These are the technological principles behind a new paper published to Asia and the Pacific Policy Studies, in which Barry Brook and I posit an alternate economic pathway for service in used fuel. In common with the detailed study of the Royal Commission we begin with the rapid establishment of an above-ground facility to host used nuclear fuel in dry casks, with payments to Australia based on the transfer of ownership and liability.
Rather than investing an estimated $30 billion plus in a deep underground repository to permanently entomb this material, we explored the pathway of investing around $10 billion in a recycling facility and 622 MWe of fast nuclear reactors as a means of disposing of the plutonium and transuranic elements (half-life of approximately 12,000 years). We reserved actual disposal only for the much shorter lived and far lesser quantity of fission products (principally strontium-90 and caesium-137 with half-lives of approximately 30 years).

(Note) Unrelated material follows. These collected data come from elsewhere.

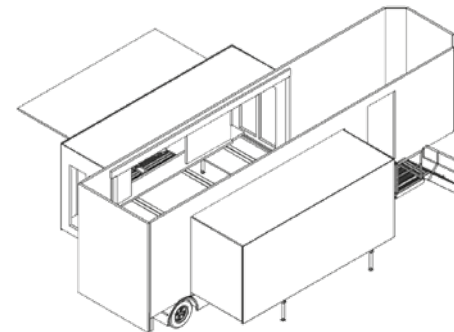

Expandable M balcony

Superior roadshow trailer

With HMK Bilcon's **Expandable M balcony**, you get a large, spacious trailer, which can be taken and set up anywhere, where you can park a truck. It has two expandable modules - one on each side - as well as a balcony on the roof. It is constructed with 63 mm fiberglass-reinforced polyester panels, which make up both the outer and inner cladding manufactured according to the "sandwich" principle to ensure great strength and good insulation.

Flexible wall systems

The walls in the trailer are flexible and can be adjusted as needed. The sides of the trailer are easily extended by remote control, and when the trailer is set up, you get a large bright room, which gives a total floor area of 97 m². This makes the trailer ideal for events, branding, sales promotion, product launches and trade fair activities. The interior of the trailer can be customized according to your wishes and can include air-conditioning, underfloor heating, toilet facilities, networks, AV systems and much more.

Superior roadshow trailer

Dimensions

	Internal	External
Length	12.45 m	13.6 m
Width, transport	2.41 m	2.55 m
Width, set up	Up to 6.12 m	Up to 6.25 m
Total height, transport		4.00 m
Internal height front end	2.40 m	
Internal height lower end	2.75 m	
Entrance height above ground	1.10 m	
Internal height pods	Up to 2.40 m	
Pods dimensions		8 m x 1.85 m
Total floor area	Up to 97 m ²	
Net weight (depending on equipment)		From 15,000 kg
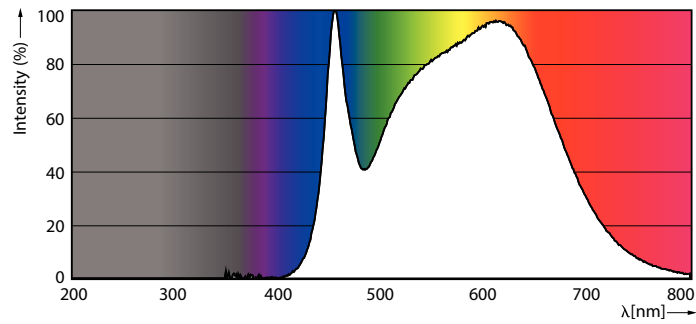

Photometric data

LEDbulb CorePro 10W A60 E27 940 FR-POC

Based on a much smaller inventory of 60,000 t of accepted used fuel, we found that after 30 years this pathway delivers a present value of approximately $31 billion as well as new baseload zero-carbon electricity generation to underpin a reliable clean electricity supply in the state.
This pathways offers advantages. We would install reliable clean electricity generation via inherently safe nuclear reactors. These reactors also deliver reliable heat of around 600 ° C, suitable for a range of industrial purposes. We would become an early hub for the late commercialization and early deployment of a new generation of nuclear technology. The proposed recycling facility, at 100 t per year throughput, would gradually condition the inventory of used fuel into new saleable fuel rods for fast reactors elsewhere (or potentially a lesser-fabricated product suitable as fuel input for molten-salt-fueled burner reactors). These highly valuable products were excluded from the benefits in our modelling but could easily have a market value of hundreds of millions of dollars every year.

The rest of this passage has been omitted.